By Kari Williamson
A lethargic quarter in Germany was the main contributor as the country recorded more than 50% lower third quarter solar PV inverter revenues compared to Q3’10.
On the other hand, prices stabilised in the third quarter, a welcome relief for suppliers that have had to endure heavy price erosion since the turn of the year. Average prices are still 15% lower than in 2010, however.
IMS Research says the market was limited by the lack of activity in Germany where shipments were over 1 GW lower than in Q3’10, contributing to global solar PV inverter shipments being 8% down year-on-year. Although shipments have grown for the last two consecutive quarters, revenues decreased because of falling prices.
Even though Q3’11 solar PV inverter shipments failed to hit 2010 quarterly levels, prices stabilised during the quarter, indicating a healthier level of inventory in the market, the analyst explains.

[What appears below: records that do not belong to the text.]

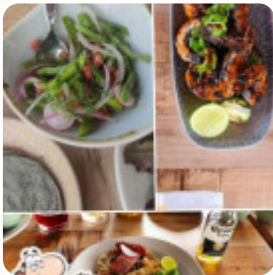

Carta de menús Axolotl

<https://carta.menu>

Arciga #6, Pátzcuaro, Mexico

+524346880368 - <https://www.facebook.com/axoloterestaurantepatzcuaro>

Aquí encontrarás el [menú de Axolotl](#) en Pátzcuaro. Actualmente hay 15 comidas y bebidas en el menú. **Ofertas estacionales o semanales** puedes consultarlas por teléfono. Qué le gusta a [Parches go](#) de Axolotl:

Llegamos, como muchas veces por casualidad. Jorge nos recibió con una sonrisa y la vista nos maravilló. Tomamos tragos sugeridos y comenzamos con unos nopales cortesía de la casa. Pedimos el ceviche de callo de árbol y pulpo con unas tostadas de maíz negro que estaba uff! Nos seguimos con la trucha salmonada meztlapique con salsa atapacua que estuvo aún mejor. Pasamos una tarde maravillosa! Restaurante de 10 [leer más](#). Lo que no le gusta a [RAMON SALVADOR ARREOLA VEGA](#) de Axolotl:

Excelente Comida y atención esmerada, el ambiente del Restaurant muy agradable y el Personal muy atento ágil y dinámico el servicio, ampliamente recomendable... Service: Dine in Meal type: Other Price per person: MX\$300–400 [leer más](#). El restaurante también ofrece la posibilidad de sentarse al aire libre y ser atendido si el clima es bonito. El Axolotl originario de [Pátzcuaro](#) proporciona varios exquisitos platos de [mariscos](#) platillos, En el bar puedes relajarte con una recién tirada u otras bebidas alcohólicas y no alcohólicas. No debemos olvidar que en este restaurante hay una extensa gama de especialidades de café y té, las recetas españolas con sus **deliciosas sabrosas salsas y especias** son populares entre los visitantes.

SALSA

Este tipo de platos se sirven

HELADO

PEZ

TOSTADAS

Ingredientes utilizados

MARISCOS

PATO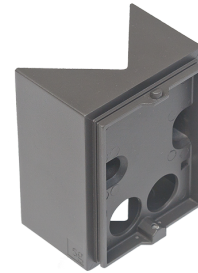

Echo Graphit Eckhalterung Aluminium

Artikelnummer: 623207
 EAN: 7021986232073

Aluminium
 Graphit

Materialien und Ausführung

Gehäuse:
 Farbe:

Montage/Anschluss

Montage: Anbau, Außen

Größe

Breite (mm) W: 80
 Höhe (mm) H: 101
 Tiefe (T): 50
 Gewicht (kg) brutto/netto: 0.216 / 0.18

Verpackung

Verpackungsmaße (mm): 100 x 80 x 60

7 0 2 1 9 8 6 2 3 2 0 7 3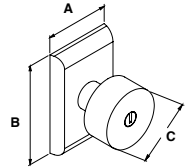

PERILLA SANTA FE | LÍNEA PREMIUM

SKU	Función	Acabado	Medidas (mm)			Precio sugerido al público con IVA
			A	B	C	
MX89750	Baño	Rose Gold	65	102	0.57	$994.00
MX89751		Gunmetal	65	102	0.57	$994.00
MX89558		Bronce Antiguo	65	102	0.57	$994.00
MX89561		Negro	65	102	0.57	$994.00
MX89562	Recámara / Entrada	Níquel Satín	65	102	0.57	$994.00
MX89746		Rose Gold	65	102	0.57	$1,070.00
MX89747		Gunmetal	65	102	0.57	$1,070.00
MX89559		Bronce Antiguo	65	102	0.57	$1,070.00
MX89560		Negro	65	102	0.57	$1,070.00
MX89563		Níquel Satín	65	102	0.57	$1,070.00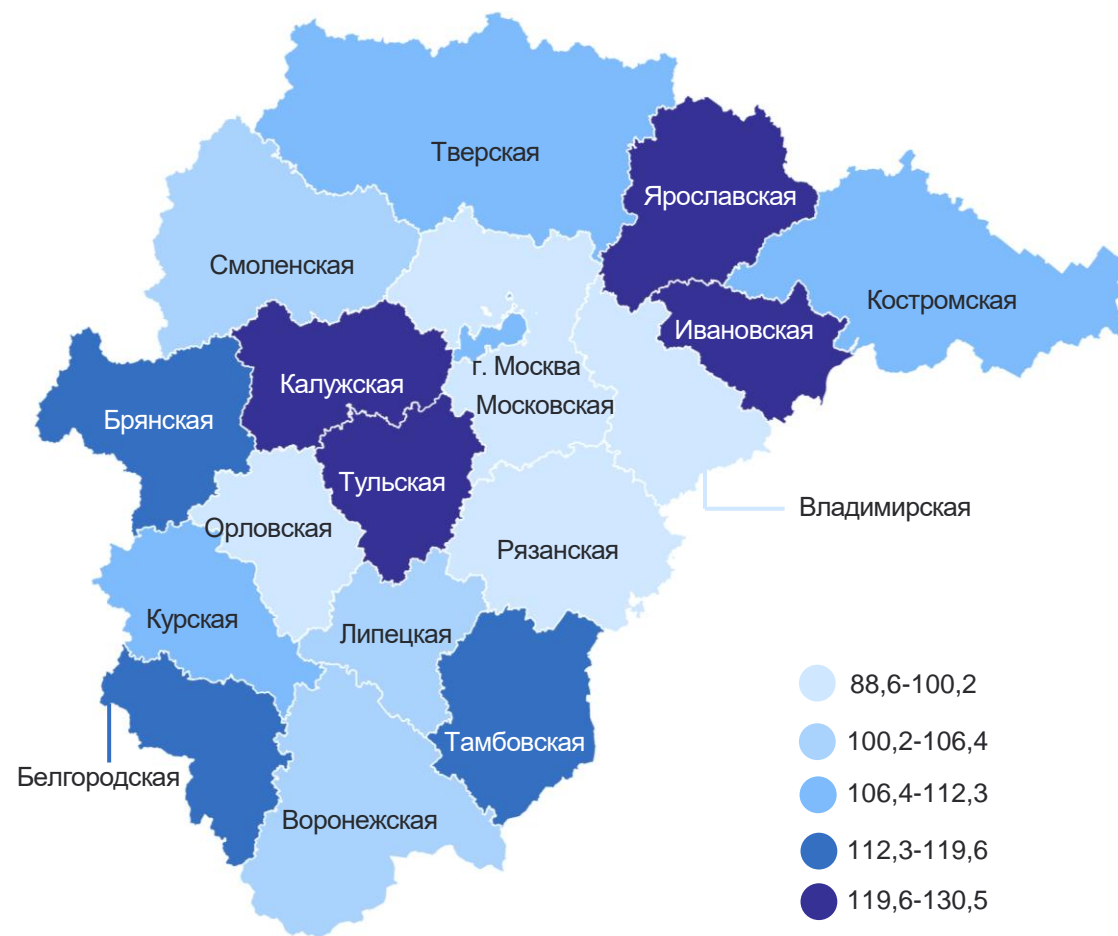

ИНДЕКС ПРОМЫШЛЕННОГО ПРОИЗВОДСТВА

2023 год в % к 2022 году

ТАМБОВСТАТ

Регионы Центрального федерального округа с наибольшими и наименьшими значениями

ОБЪЕМ РАБОТ, ВЫПОЛНЕННЫХ ПО ВИДУ ДЕЯТЕЛЬНОСТИ «СТРОИТЕЛЬСТВО»

ТАМБОВСТАТ

2023 год в % к 2022 году

Регионы Центрального федерального округа
с наибольшими и наименьшими значениями

ВВОД В ДЕЙСТВИЕ ЖИЛЫХ ДОМОВ

2023 год в % к 2022 году

ТАМБОВСТАТ

Регионы Центрального федерального округа с наибольшими и наименьшими значениями

ОБОРОТ РОЗНИЧНОЙ ТОРГОВЛИ

2023 год в % к 2022 году

ТАМБОВСТАТ

Регионы Центрального федерального округа с наибольшими и наименьшими значениями

ОБОРОТ ОБЩЕСТВЕННОГО ПИТАНИЯ

2023 год в % к 2022 году

ТАМБОВСТАТ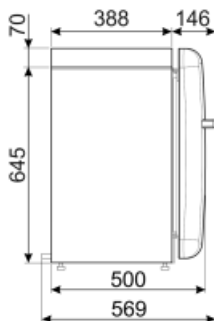

סוג גז קרר

R600a

סוג מדחס
(כמות קרר (גרם)
Foam agent

סטנדרטי
19 g
Cyclopentane

תווית חשמל / ביצועים – שנת 2019

	צריכת חשמל שנתי	61 kWh/a	סכום הנפחים של תאי הקירור והתאים הלא קפואים	34 l
	קטגוריית יעילות אנרגטית	D	פליטות רעש באוויר	40 dB(A) re 1 pW
	קטגוריית פליטות רעש	C	קטגוריית אקלים	SN, N, ST, T
	נישא באוויר		EEI	79 %
	נפח נטו כולל	34 l		

חיבור חשמלי

תקע	(F;E) Schuko	מתח (וולט)	220-240 V
דירוג חיבור חשמלי	60 W	תדר (Hz)	50/60 Hz
זרם	0,3 A	אורך כבל חשמל	100 cm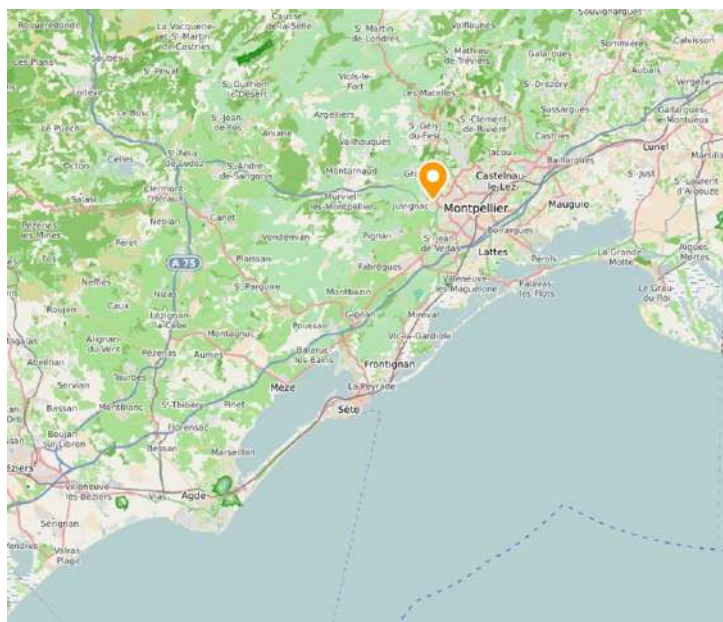

10 FACES

7 jours de visibilité

Affichage le mardi

PARKING INTERMARCHE « Les Portes du Soleil » Juvignac

10 FACES

7 jours de visibilité

Affichage le mardi

PARKING CENTRE COMMERCIAL BOCAUD JACOU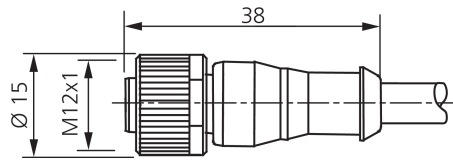

mm

BK : 黑色
BN : 棕色

BU : 蓝色
WH : 白色

技术数据

型式

电缆长度

工作电压

特点

材料

工作环境温度

防护等级

连接

+20°C, 24 V DC

直型 / 裸露的电缆端部

10.000 mm

< 250 V AC/DC

金属螺母

电缆, 插头, PVC, PVC

-5 ... +80 °C

IP 67

插口, M12, 4 针

版本 21.09.15, 保留变更权

安全提示

一般安全提示

警告！没有符合 2006/42/EU 和 EN 61496-1 /-2 标准的安全结构件！不得用于人身安全保护！不遵守规定会导致死亡或重伤危险！仅按规定使用！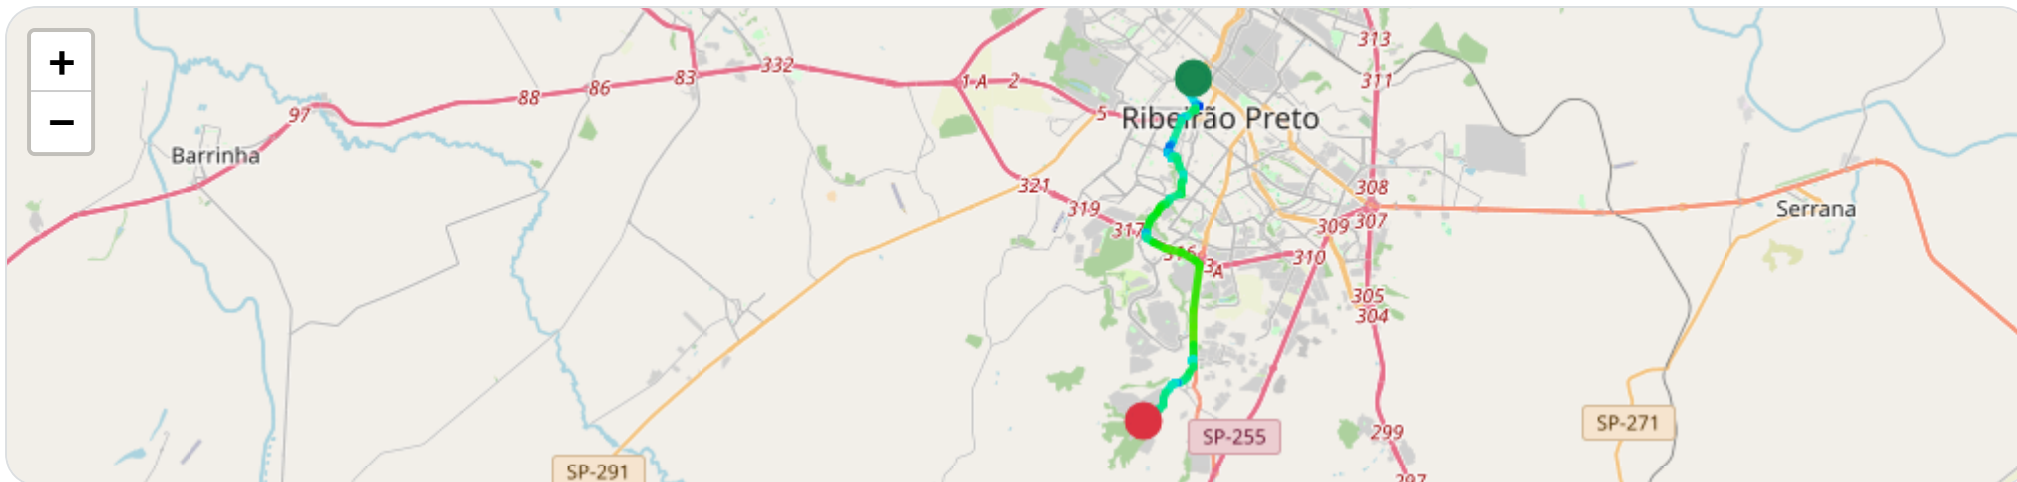

📄 **Viagem #2** 30/03/2026, 08:22:46 → 30/03/2026, 08:51:20

Distância: 16.53 km

Duração: 28m

Movendo: 21m 39s

Parado: 2m 30s

Vel. Máx: 72 km/h

Início: 30/03/2026, 08:22:46 **Fim:** 30/03/2026, 08:51:20 **Duração:** 28m **Distância:** 16.53 km **Vel. Máx:** 72 km/h

▶ **Partida:** Rua Paraíso, Vila Tibério, Ribeirão Preto, São Paulo

■ **Chegada:** Avenida Doutor Paulo Roberto Carlucci, Residencial Alphaville 1, Ribeirão Preto, São Paulo

☰ **Posições**

Tabela completa da viagem.

Exchange rates were also a contributing factor to revenue and price changes in Q3: “The majority of inverters are still sold in Europe where the average price per watt stabilised last quarter if measured in Euros. However, companies from outside the Eurozone realising their revenues in dollars may still have felt the price pressure as Dollar prices fell by 5% compared to Q2’11 due to changes in exchange rates,” comments Tom Haddon, PV Market Analyst at IMS Research.
“Price pressure will continue to be a prominent feature of the market for some time and it wouldn’t be wise for PV inverter suppliers to count on prices staying at this level for long.”
SMA holds the fort
Despite the sluggish performance of the German solar PV inverter market in Q3, SMA Solar Technology’s market share held stable at over 30% of revenues due to an increased focus on ‘foreign’ markets.
“Whilst SMA has always been strong in its domestic market, it is now turning its attentions to the faster growing emerging markets, with the Americas becoming a larger proportion of its business. In order to maintain or increase market share this strategy will need to continue,” Haddon concludes.
Despite declining shipments in Q3’11, IMS Research forecasts that annual solar PV inverter shipments will still grow in 2011 and break the 25 GW mark as new incentives in Asia and an end of year rally in Germany (before the 1 January feed-in tariff cut) help to stimulate demand.